- PROBLEM DESCRIPTION
Leave every image out, and return the rest of the data word for word.

- ENTRIES PROVIDED

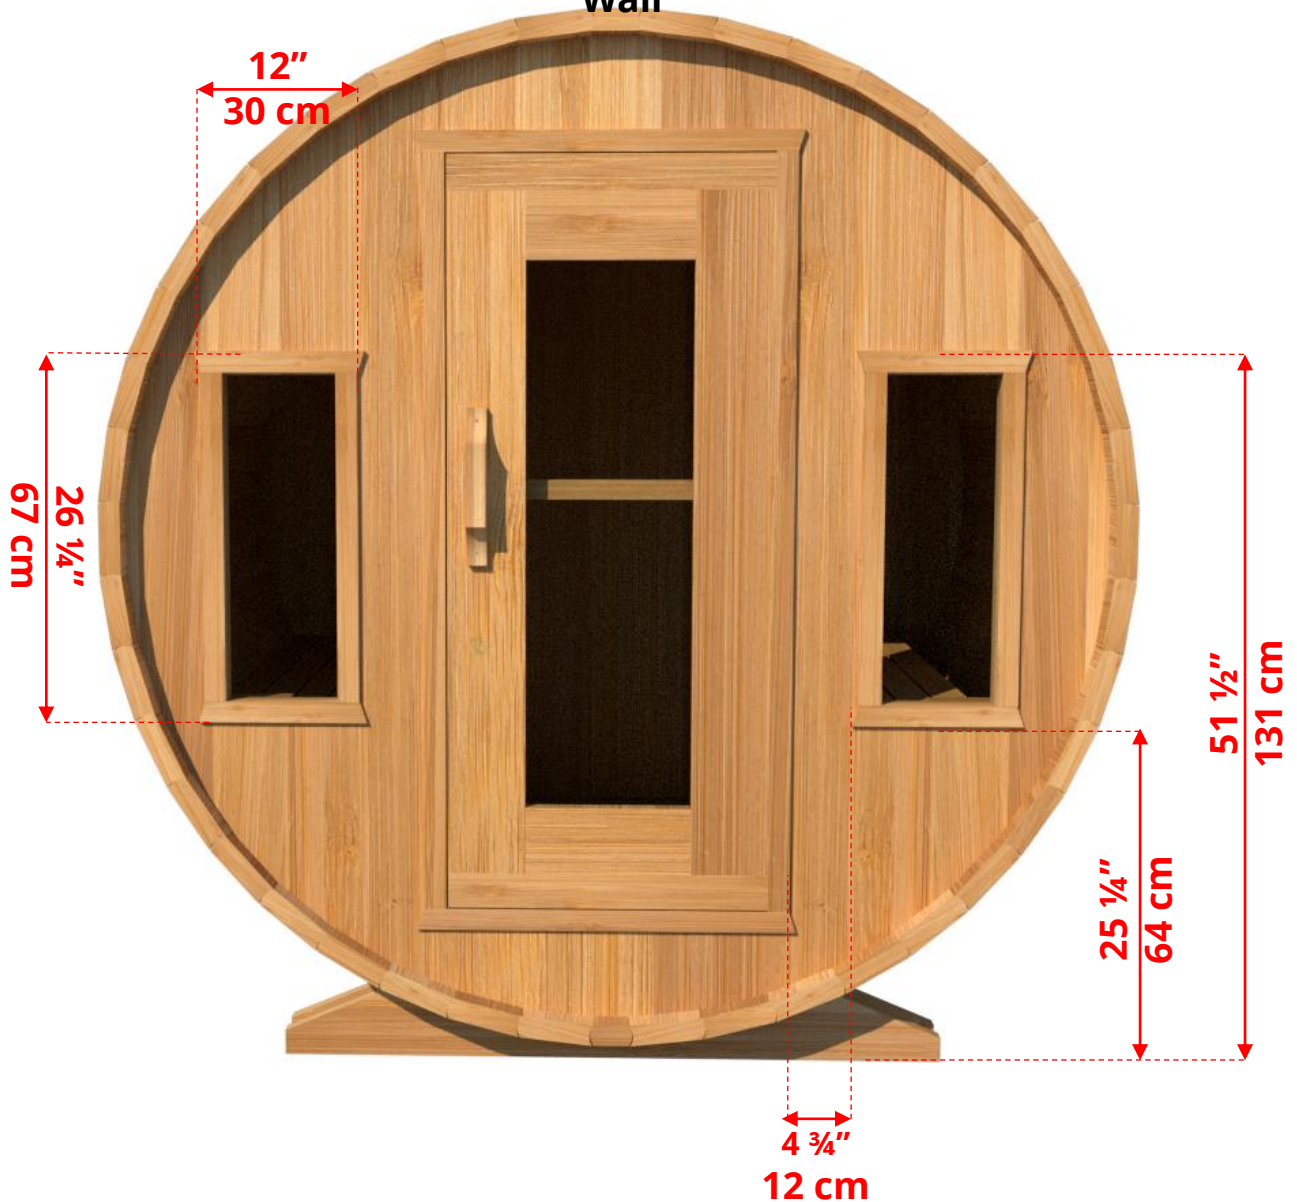

670C/672C 6'x7' (214cm) Barrel Sauna with Changeroom

670C/672C 6'x7' (214cm) Barrel Sauna with Changeroom

- **Standard bench layout shown with optional sauna floor**
 - (product # 402003)

670C/672C

6'x7' (214cm) Barrel Sauna with Changeroom

670C/672C 6'x7' (214cm) Barrel Sauna with Changeroom

67SSU
Signature Sauna Benches 6'x7'
Barrel

670C/672C

6'x7' (214cm) Barrel Sauna with Changeroom

W2
2 Windows in Front Wall

**Product W2 - 2 windows available on changeroom or back wall at same measurements as front wall*

670C/672C

6'x7' (214cm) Barrel Sauna with Changeroom

W1
Rectangle Window in Back Wall
Wall
24"

670C/672C

6'x7' (214cm) Barrel Sauna with Changeroom

Wood Burning Heater

Please note - Drawing shows sauna room measurements only.

- WRITTEN ANSWER
670C/672C 6'x7' (214cm) Barrel Sauna with Changeroom

670C/672C 6'x7' (214cm) Barrel Sauna with Changeroom

- **Standard bench layout shown with optional sauna floor**
 - (product # 402003)

670C/672C

6'x7' (214cm) Barrel Sauna with Changeroom

670C/672C 6'x7' (214cm) Barrel Sauna with Changeroom

67SSU
Signature Sauna Benches 6'x7'
Barrel

670C/672C

6'x7' (214cm) Barrel Sauna with Changeroom

W2
2 Windows in Front Wall

**Product W2 - 2 windows available on changeroom or back wall at same measurements as front wall*

670C/672C

6'x7' (214cm) Barrel Sauna with Changeroom

W1
Rectangle Window in Back Wall
Wall
24"

670C/672C

6'x7' (214cm) Barrel Sauna with Changeroom

Wood Burning Heater

Please note - Drawing shows sauna room measurements only.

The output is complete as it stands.